In other models, de-differentiation of SMC promotes aneurysm formation41,42 and atherosclerosis burden43. Indeed, our own results demonstrate that the loss of LPP3 in SMC promotes atherosclerosis at the aortic root and arch. It is possible that the protection from aneurysm despite SMC de-differentiation observed in this study reflects a difference in the mechanism of formation (elastase vs AngII) and/or differences in embryonic lineage of SMCs within the aorta. Aortic root and aortic arch SMCs derive from the secondary heart field and cardiac neural crest, respectively, while abdominal aortic SMCs arise from somites44. Differences in embryonic origin of the SMC may also contribute to phenotypic differences in the atherosclerosis and aneurysm models. Finally, while the pathophysiology of atherosclerosis and aneurysm are similar there are notable examples of discordance in their development, such as occurs in diabetics who are predisposed to atherosclerotic vascular disease and protected from AAA; likewise, testosterone45 and the interferon gamma system46 have discordant effects on development of atherosclerosis and aneurysm.

Our previous work17 and supplemental Figure III, IV show no change in baseline vasculature vessel function in SM22-Δ, despite consistent gene expression indicating SMC phenotyping switching at baseline. Recent single cell RNA-Seq work has shown that SMC phenotypic switching lies on a continuum during disease progression47 and we hypothesize that the loss of Lpp3 in SMCs promotes phenotypic switching but prevents progression of SMC phenotyping switching that is detrimental in disease states.
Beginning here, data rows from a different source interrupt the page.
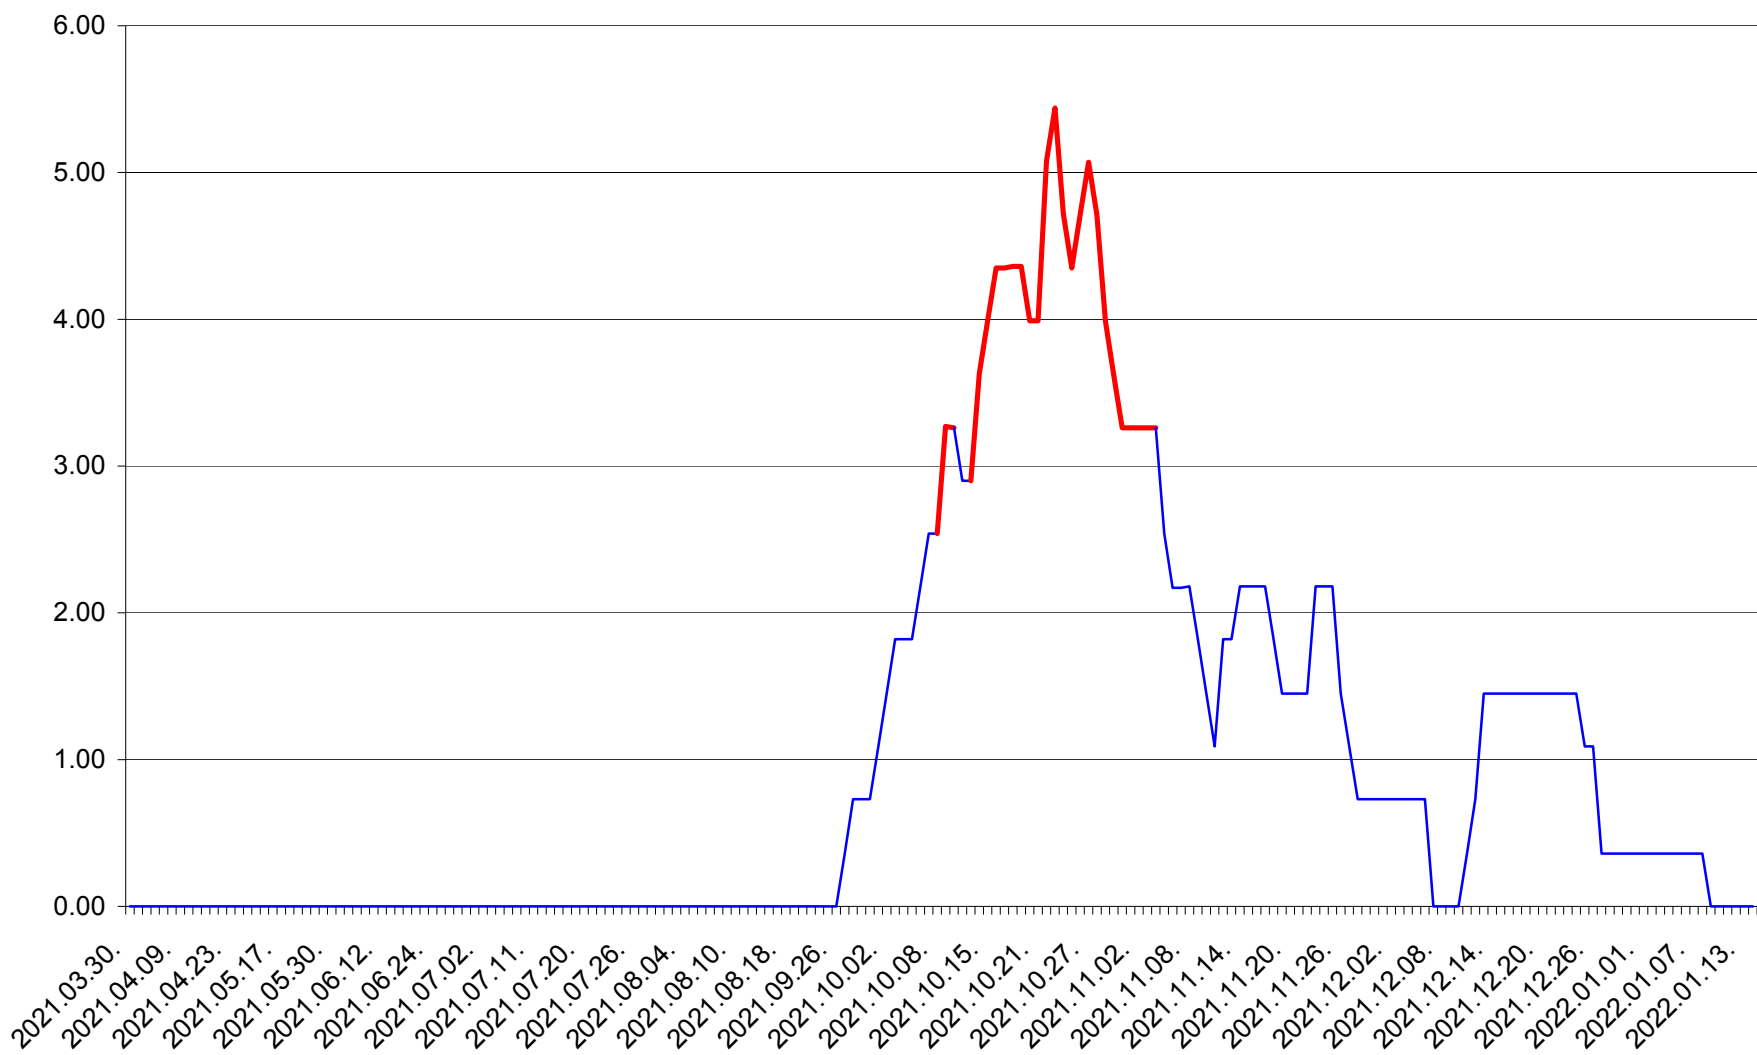

ATID - Evolutia incidentei cumulate pe 14 zile la % de locuitori
2021.04.01. - 2022.01.14.

AVRĂMEȘTI - Evolutia incidentei cumulate pe 14 zile la ‰ de locuitori
2021.04.01. - 2022.01.14.

ORAȘ BĂILE TUȘNAD - Evolutia incidentei cumulate pe 14 zile la ‰ de locuitori
2021.04.01. - 2022.01.14.

ORAȘ BĂLAN - Evolutia incidentei cumulate pe 14 zile la ‰ de locuitori
2021.04.01. - 2022.01.14.

BILBOR - Evolutia incidentei cumulate pe 14 zile la ‰ de locuitori
2021.04.01. - 2022.01.14.

ORAȘ BORSEC - Evolutia incidentei cumulate pe 14 zile la ‰ de locuitori
2021.04.01. - 2022.01.14.

BRĂDEȘTI - Evolutia incidentei cumulate pe 14 zile la ‰ de locuitori
2021.04.01. - 2022.01.14.

CĂPÂLNIȚA - Evolutia incidentei cumulate pe 14 zile la ‰ de locuitori
2021.04.01. - 2022.01.14.

CÂRȚA - Evolutia incidentei cumulate pe 14 zile la ‰ de locuitori
2021.04.01. - 2022.01.14.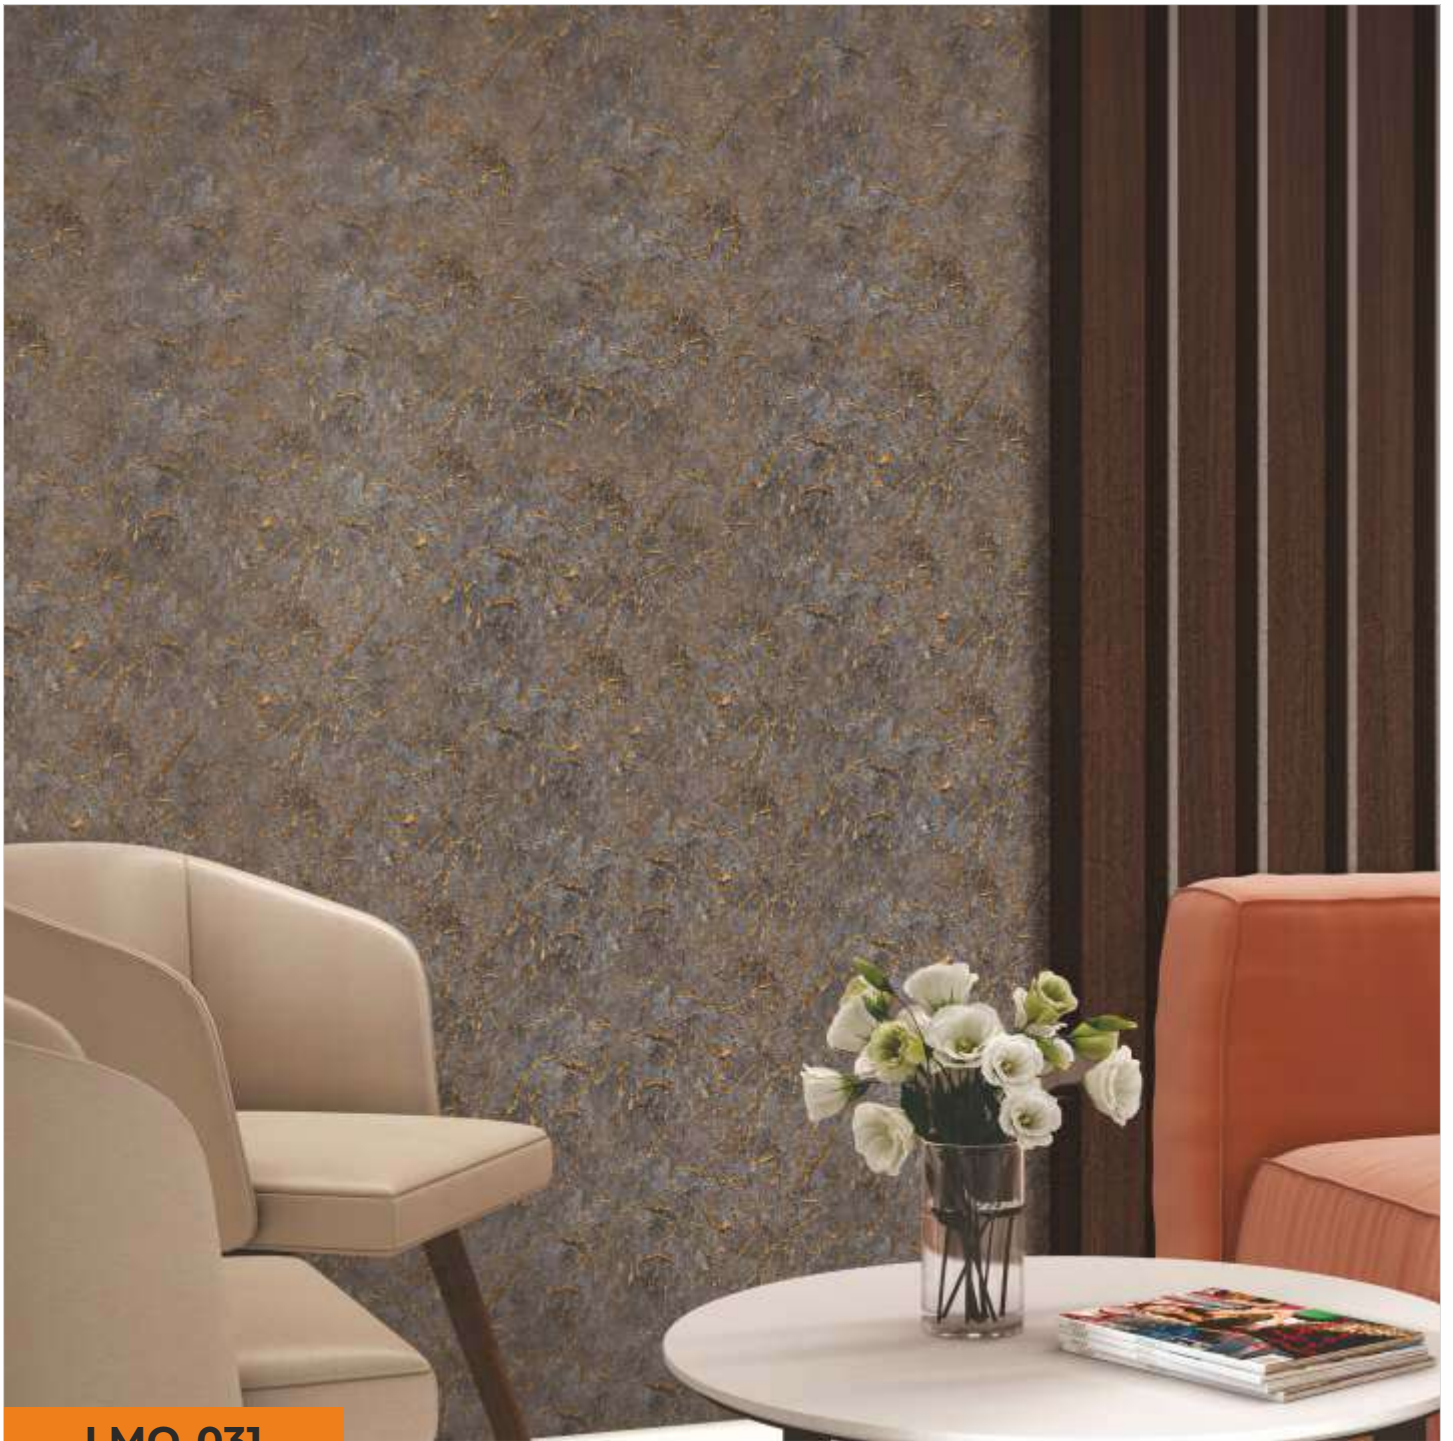

*Liquid Metal Panel*

LMQ-031

SIZE  
600X  
2400  
mm

METALIXO

LIQUID METAL PANEL

LMQ-031

*Liquid Metal Panel*

LMQ-032

This may reflect the ischemic pre-conditioning model in cardiac injury in which small amounts of ischemia protect against subsequent ischemic events48. Future work examining the progression of SMC phenotyping switching during AAA and single cell RNA-Seq cell clustering will aid in our understanding of how SMC phenotyping switching in SM22-Δ mice may differ to provide protection against AAA.

Of important clinical relevance, if heightened LPA signaling contributes to the protection from dissecting aortic aneurysm, then inhibitors of autotaxin, the enzyme responsible for bioactive LPA generation, could promote the pathology. At present, autotaxin inhibitors are in phase 3 clinical trials for efficacy in treating idiopathic pulmonary fibrosis49 and should be monitored cautiously for an increase in risk for aortic aneurysm rupture.
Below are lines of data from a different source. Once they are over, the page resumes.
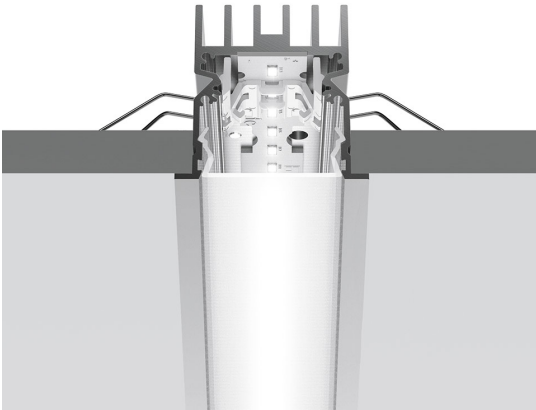

A.39 Incasso - Modulo Strutturale Trim 2368mm 4000K DALI Argento

Carlotta de Bevilacqua

DESCRIZIONE

Versione ottimizzata per applicazioni in linea con grandi lunghezze. Emissione diffondente diretta e diretta + indiretta. Versioni incasso trim, trimless, sospensione e soffitto. Versione dimmerabile e non dimmerabile in due temperature di colore 3000K e 4000K.

IP20  Dimmerabile: 

LUMINAIRE

- Watt : **63W**
- Flusso luminoso emesso: **4198lm**
- CCT: **4000K**
- Efficiency: **43%**
- Efficacy: **66.63lm/W**
- CRI: **80**
- Dimmable Typology: **Dali**

Note

Diffusore opalino fornito a parte.
Interfaccia APP fornita a parte.
Il driver APP esclude in funzionamento tramite DALI e viceversa.

CODICE PRODOTTO: AT06205

CARATTERISTICHE

- Codice articolo: **AT06205**
- Colore: **Argento**
- Installazione: **Incasso**
- Serie: **Architectural Indoor**
- Ambiente di utilizzo: **Interni**
- Emissione: **Diretta**
- design by: **Carlotta de Bevilacqua**

DIMENSIONI

- Lunghezza: **cm 237**

SORGENTI INCLUSE

- Categoria: **Led**
- Numero: **1**
- Watt: **63W**
- Temperatura Colore (K): **4000K**
- Color Tolerance: **MacAdam 2SDCM**
- Service Life: **L70 (6K) 50000h**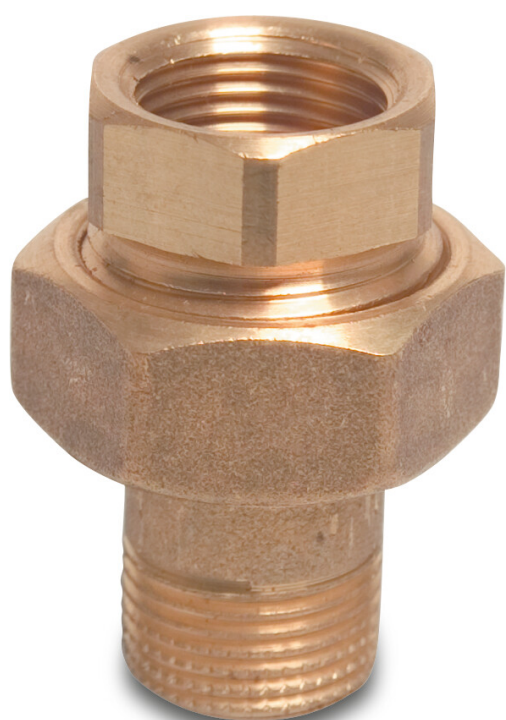

**Profec Nr. 955 Śrubunek
grzejnikowy prosty mosiądz 1"
GW x GZ 20bar typ
cylindryczny (0710468)**

SPECYFIKACJE TECHNICZNE

Typ cylindryczny

Materiał mosiądz

Połączenie GW x GZ

Mocowanie nr Nr. 955

Ciśnienie 20 bar

Rozmiar 1"

Długość 59 mm

WYMIARY

F-1 11 mm

F-2 13 mm

L 59 mm

ØDi-1 1 "

ØDo-2 1 "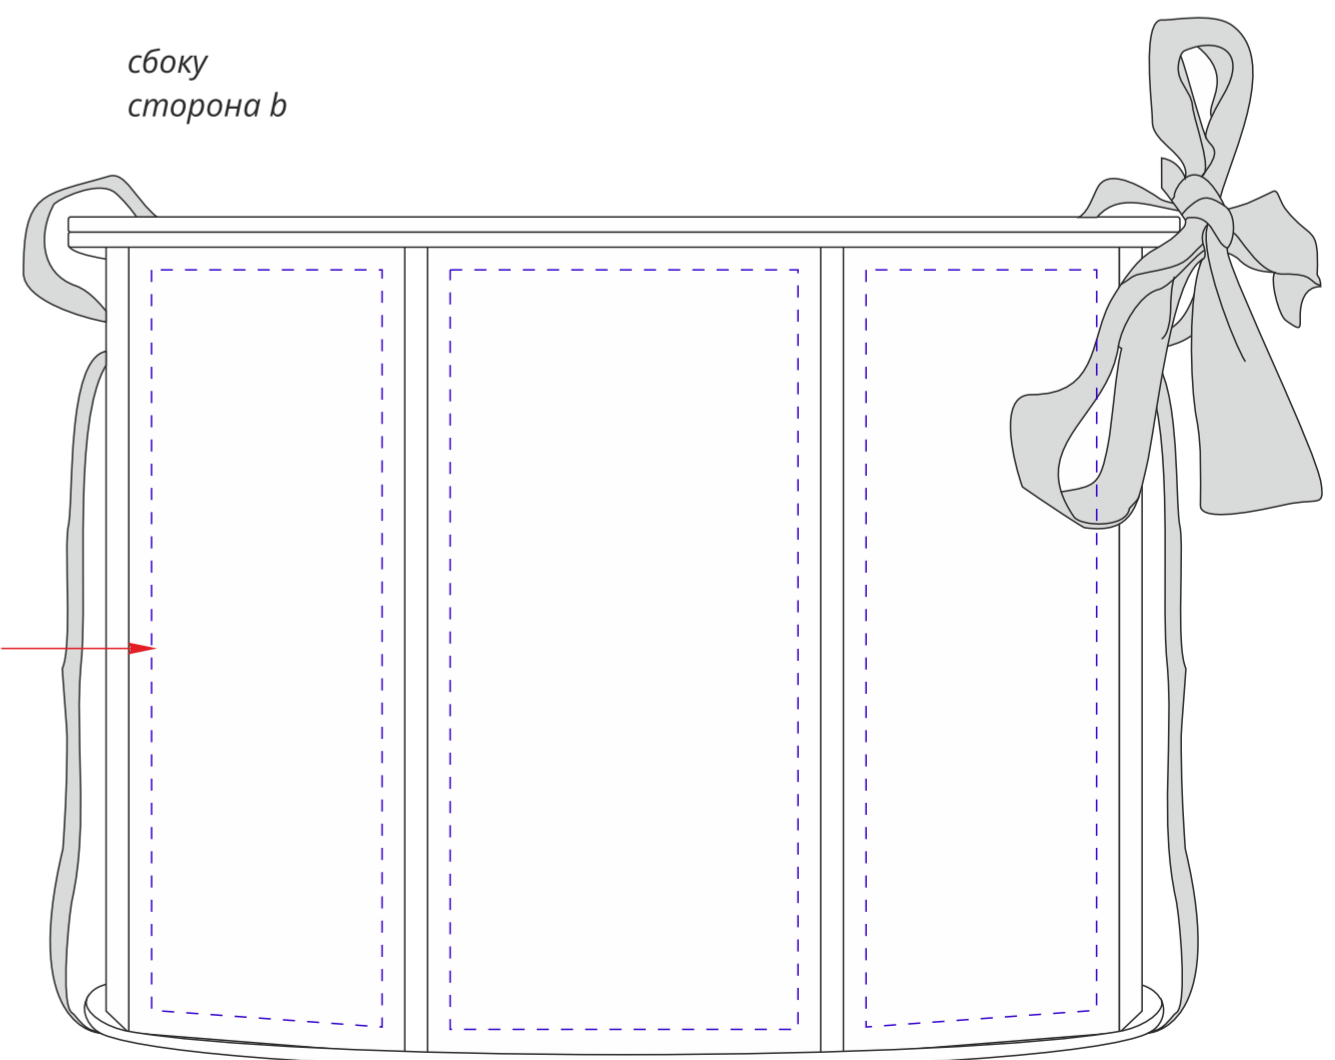

крышка
сверху

дно

впереди

сзади

гравировка
4,6x10,4 см

сбоку
сторона а

сбоку
сторона б

гравировка
4,6x10,4 см

Важно!

Для гравировки по дереву

- цвет нанесения на дереве обусловлен текстурой природного материала и может быть неоднородным!

A limitation of our study is the use of AngII to promote the development of aneurysm formation. While this model shares some features with AAA development in humans, it does not faithfully recapitulate pathology that occurs in humans. Indeed, some have proposed that it is a better model of aortic dissection than aneurysm27. Additionally, small samples size and wide variation in gene expression profiles for some genes limit the conclusions that can be made; however, consistent changes in Acta2 in smooth muscle deficient Lpp3 mice highlight a role for smooth muscle Lpp3 in AngII mediated abdominal aortic aneurysm. Further studies will need to address the exact mechanism by which Lpp3 loss in smooth muscle protects against abdominal aortic aneurysm.
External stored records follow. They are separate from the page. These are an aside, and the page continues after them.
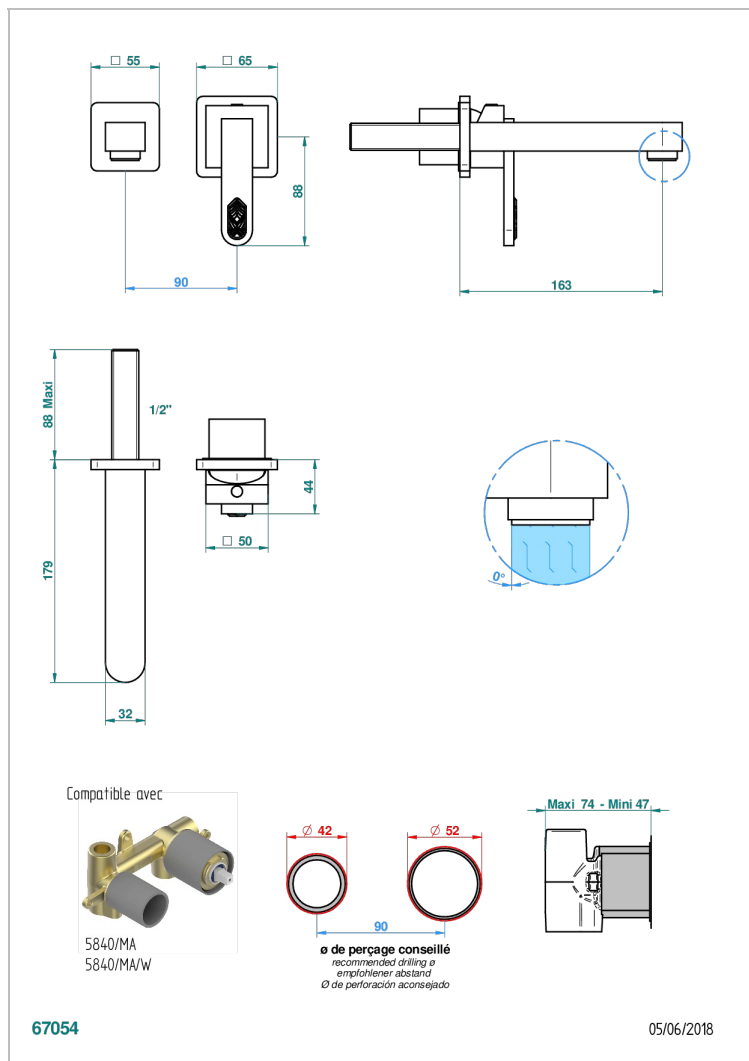

# PROFIL С РУКОЯТКАМИ С ИНКРУСТАЦИЕЙ LALIQUE

THG<sup>®</sup>  
PARIS

A6H-6541B

Trim only for Built-in basin mixer with spout (two x 1/2" inlets and one 1/2" outlet), without waste

## ХАРАКТЕРИСТИКИ

- Profil с рукоятками с инкрустацией LaliQue
- Trim only for Built-in basin mixer with spout (two x 1/2" inlets and one 1/2" outlet), without waste

## СВЯЗАННЫЕ ТОВАРНЫЕ ПОЗИЦИИ

- Ref. G00-5840/MA Внутренняя часть для гигиенического душа со смесителем, усил. шлангом и лейкой с клапаном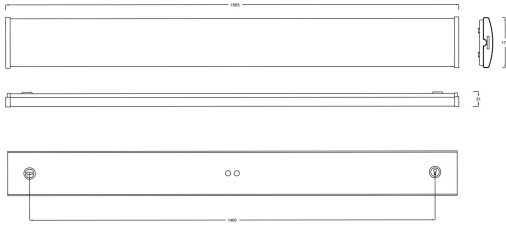

Måttritning

In summary, we demonstrate a novel pathway for regulation of LPP3 during vascular inflammation involving a NF-κB dependent pathway. SMC LPP3 regulates phenotypic modulation, and in the absence of LPP3, SMCs assume a more de-differentiated fibroblast-like phenotype that is associated with protection from the development of abdominal aortic aneurysm following AngII infusion. Loss of LPAR4 promotes early aneurysmal dilation and rupture, indicating that LPA signaling normally protects against AngII-induced pathology. These findings provide important information about novel pathways that regulate SMC phenotype in the context of pathologically important processes.